=== Section Start ===

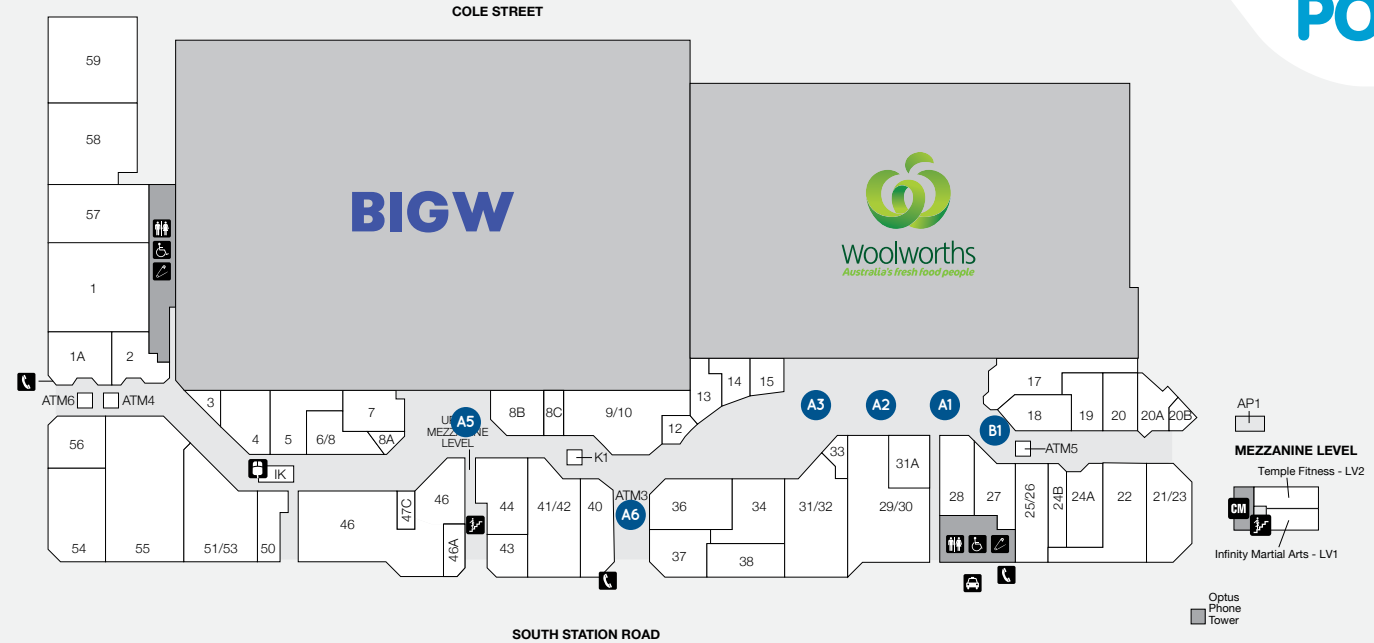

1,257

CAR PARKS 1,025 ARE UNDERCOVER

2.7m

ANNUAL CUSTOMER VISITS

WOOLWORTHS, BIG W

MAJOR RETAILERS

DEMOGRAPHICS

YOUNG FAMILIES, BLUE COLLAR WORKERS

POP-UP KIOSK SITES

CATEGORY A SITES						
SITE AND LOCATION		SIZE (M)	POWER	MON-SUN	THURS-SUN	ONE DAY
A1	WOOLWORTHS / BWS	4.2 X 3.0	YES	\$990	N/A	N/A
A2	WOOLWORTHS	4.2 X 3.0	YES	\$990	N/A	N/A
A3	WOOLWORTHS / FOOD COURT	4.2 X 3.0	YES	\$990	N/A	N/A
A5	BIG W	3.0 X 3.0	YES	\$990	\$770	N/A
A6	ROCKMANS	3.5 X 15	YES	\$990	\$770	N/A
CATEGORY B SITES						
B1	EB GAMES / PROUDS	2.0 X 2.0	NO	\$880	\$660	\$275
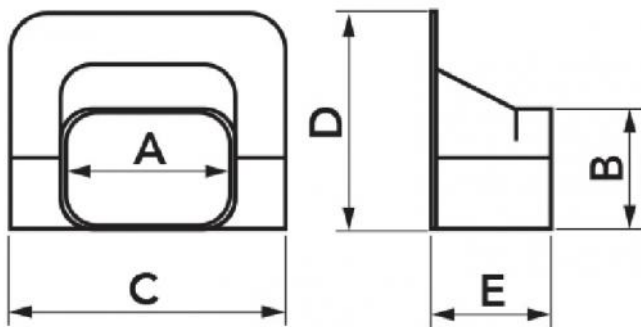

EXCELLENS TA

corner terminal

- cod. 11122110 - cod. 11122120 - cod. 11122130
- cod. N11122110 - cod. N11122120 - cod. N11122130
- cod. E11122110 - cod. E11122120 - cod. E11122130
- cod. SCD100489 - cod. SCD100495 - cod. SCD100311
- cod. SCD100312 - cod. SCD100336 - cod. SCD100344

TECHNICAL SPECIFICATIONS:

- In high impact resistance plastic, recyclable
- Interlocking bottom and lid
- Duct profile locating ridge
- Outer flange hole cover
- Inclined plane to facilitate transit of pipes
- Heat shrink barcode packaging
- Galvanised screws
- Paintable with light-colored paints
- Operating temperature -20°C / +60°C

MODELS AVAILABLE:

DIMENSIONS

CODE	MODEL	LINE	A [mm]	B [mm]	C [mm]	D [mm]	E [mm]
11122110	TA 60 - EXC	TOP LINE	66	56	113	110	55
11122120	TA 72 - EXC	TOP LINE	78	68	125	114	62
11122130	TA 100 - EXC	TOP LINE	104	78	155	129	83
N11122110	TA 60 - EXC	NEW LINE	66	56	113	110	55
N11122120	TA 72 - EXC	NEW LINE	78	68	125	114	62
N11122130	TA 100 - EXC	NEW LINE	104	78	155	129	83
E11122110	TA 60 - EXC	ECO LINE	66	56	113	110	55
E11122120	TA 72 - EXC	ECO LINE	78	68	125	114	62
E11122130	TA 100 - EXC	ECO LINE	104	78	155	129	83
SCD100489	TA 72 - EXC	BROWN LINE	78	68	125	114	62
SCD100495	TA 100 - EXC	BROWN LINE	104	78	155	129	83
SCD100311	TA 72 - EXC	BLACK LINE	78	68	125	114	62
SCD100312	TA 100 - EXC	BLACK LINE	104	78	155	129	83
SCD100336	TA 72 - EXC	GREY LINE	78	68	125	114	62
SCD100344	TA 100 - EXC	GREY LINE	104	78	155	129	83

=== Section End ===
=== Section Start ===

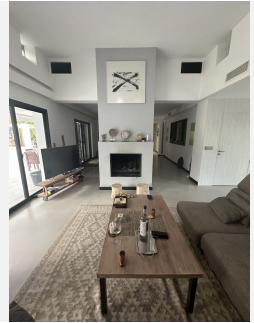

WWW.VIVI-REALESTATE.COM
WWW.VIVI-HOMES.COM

=== Section End ===
=== Section Start ===

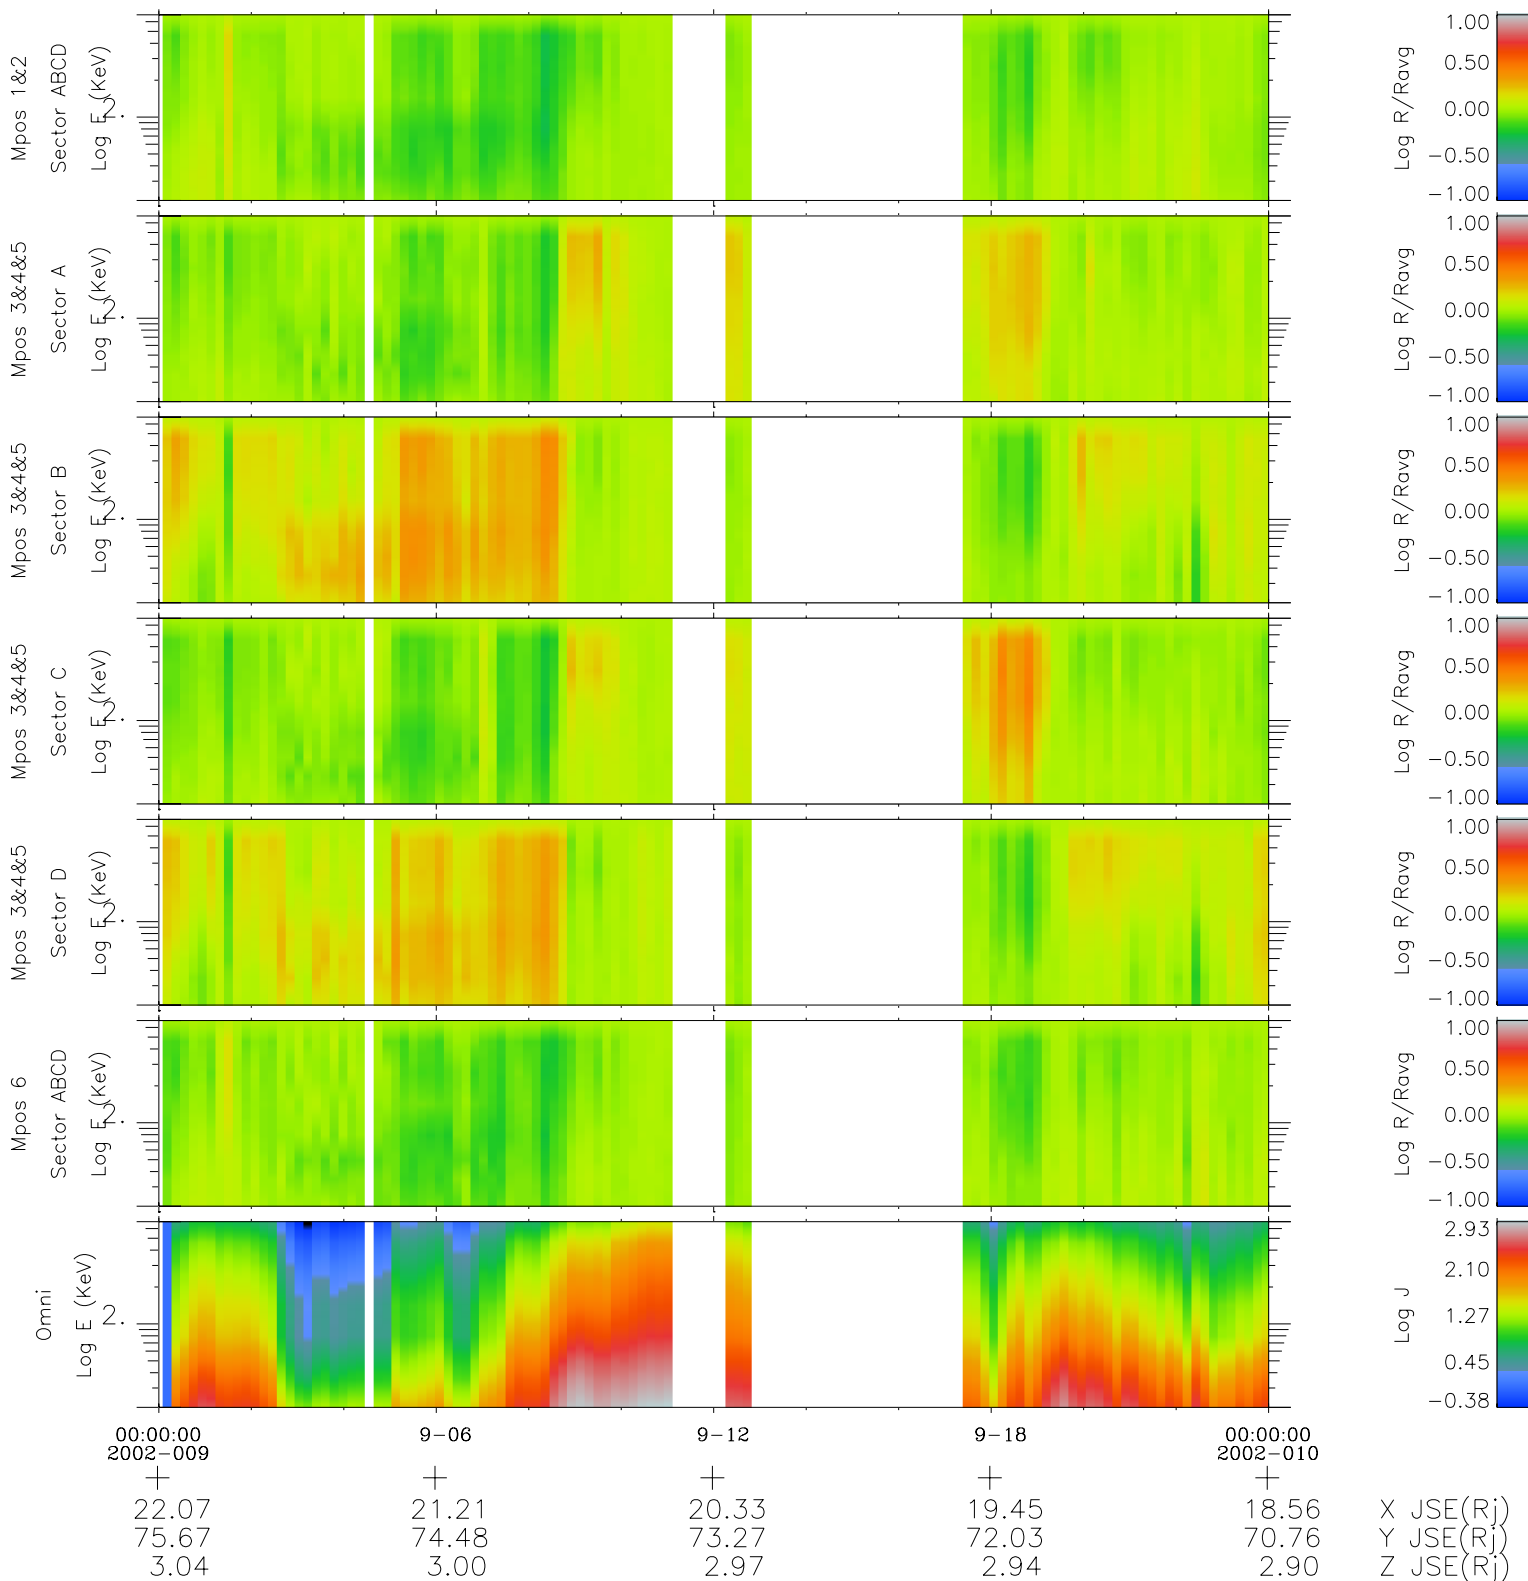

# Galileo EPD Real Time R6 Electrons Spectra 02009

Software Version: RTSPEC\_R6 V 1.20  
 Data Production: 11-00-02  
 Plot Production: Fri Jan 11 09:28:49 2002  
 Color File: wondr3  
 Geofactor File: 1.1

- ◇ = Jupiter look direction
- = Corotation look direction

=== Section End ===

* Task instructions: Reproduce, exactly and only, the lines of the records above starting at the line with "CATEGORY A SITES" and ending at the line with "- Galvanised screws", both included. Leave every picture out.

* Solution to the problem:
CATEGORY A SITES						
SITE AND LOCATION		SIZE (M)	POWER	MON-SUN	THURS-SUN	ONE DAY
A1	WOOLWORTHS / BWS	4.2 X 3.0	YES	\$990	N/A	N/A
A2	WOOLWORTHS	4.2 X 3.0	YES	\$990	N/A	N/A
A3	WOOLWORTHS / FOOD COURT	4.2 X 3.0	YES	\$990	N/A	N/A
A5	BIG W	3.0 X 3.0	YES	\$990	\$770	N/A
A6	ROCKMANS	3.5 X 15	YES	\$990	\$770	N/A
CATEGORY B SITES						
B1	EB GAMES / PROUDS	2.0 X 2.0	NO	\$880	\$660	\$275

EXCELLENS TA

corner terminal

- cod. 11122110 - cod. 11122120 - cod. 11122130
- cod. N11122110 - cod. N11122120 - cod. N11122130
- cod. E11122110 - cod. E11122120 - cod. E11122130
- cod. SCD100489 - cod. SCD100495 - cod. SCD100311
- cod. SCD100312 - cod. SCD100336 - cod. SCD100344

TECHNICAL SPECIFICATIONS:

- In high impact resistance plastic, recyclable
- Interlocking bottom and lid
- Duct profile locating ridge
- Outer flange hole cover
- Inclined plane to facilitate transit of pipes
- Heat shrink barcode packaging
- Galvanised screws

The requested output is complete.